While the sinking air keeps clouds from forming,
it doesn’t always bring completely clear skies.
Sometimes, the high pressure can trap pollution,
which can create low visibility in haze.
These eight rules, of course, won’t enable you
to understand everything about the weather, but with
them you are ready to see how storms and other
weather phenomena work. As you watch weather reports
on TV or read them in a newspaper, you’ll have a
better understanding of how global weather patterns
affect your local weather.
For instance, warming the air at the Earth’s
surface is one way to make it rise, but it’s not the
only way. Thunderstorms and hurricanes depend on
warm, humid air rising from the surface. This is why
thunderstorms are most common in the spring and
summer when the ground is being warmed. It’s why
hurricanes form only over warm water.
Other storms are much more complicated, with
various factors causing air to rise in areas of low
pressure. These are related to the movements of
upper atmospheric winds.
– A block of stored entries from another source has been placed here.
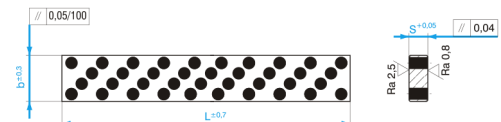

## Kluzná destička samomazná

kód	b	s	L
C1340/30x8x500	30	8	500
C1340/50x10x500	50	10	500
C1340/80x12x500	80	12	500
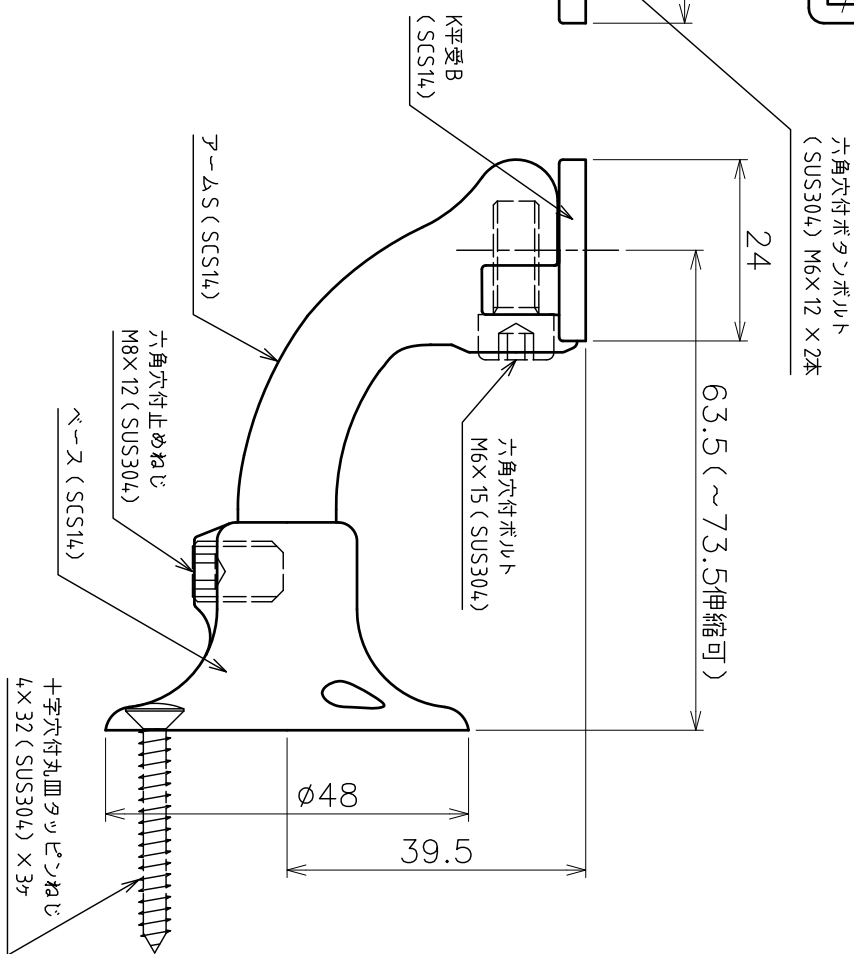

KEINTO KATTA
AK41553 X 2セット

自在L型平受ブラケット
AK42093HK X 4セット

< 全体図 (S=1:8) >

< 自在L型平受ブラケット詳細 >

< KEINTO KATTA詳細 >

品名	ステンレス製壁付手摺 (角パイプシリウス)	品番	AK42800H-30
サイズ	50X20 X3M	仕様	自在L型平受 端部 ブラケット
作成年月日	'16.12.26	KEINTO KATTA 表面	ヘテライン 度
		ASANO 浅野金属工業株式会社	
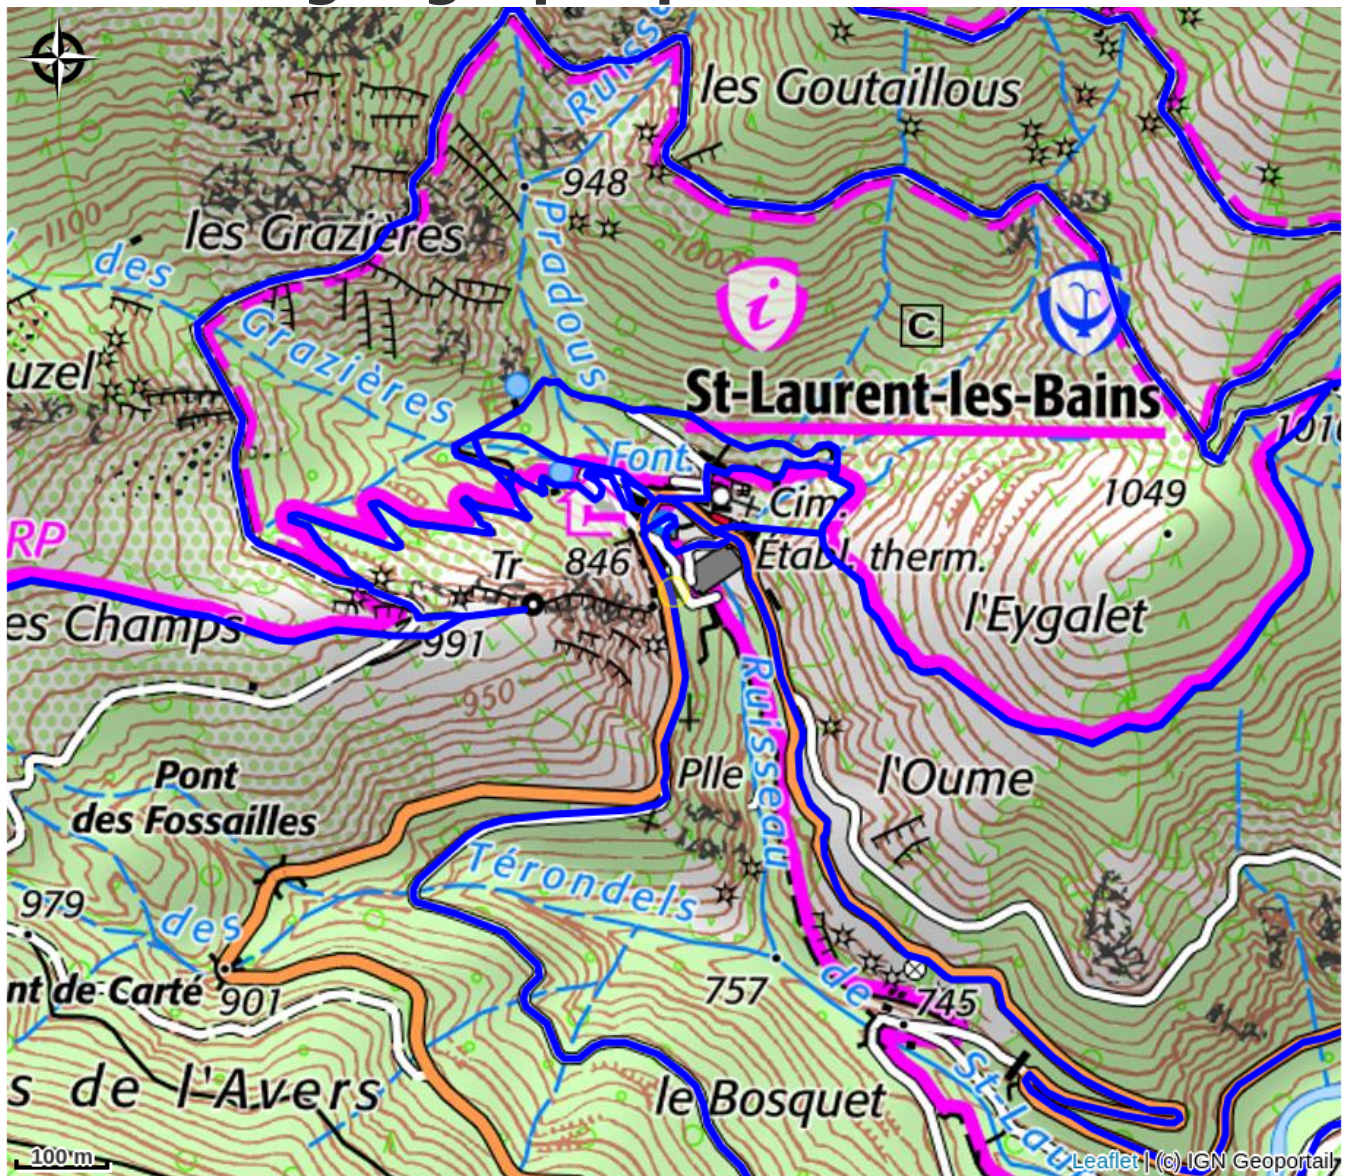

Situation géographique

Upper-air winds, in turn,
can be traced back to the unequal heating of the
Earth’s surface and the global-scale winds that this
sets into motion.
The next time you slip from the sun-heated deck
of a dive boat into the cooler water, you will be
experiencing, on a small scale, the unequal heating
of the Earth’s surface by the sun — the force that
sets all weather, including the fearsome storms,
into motion.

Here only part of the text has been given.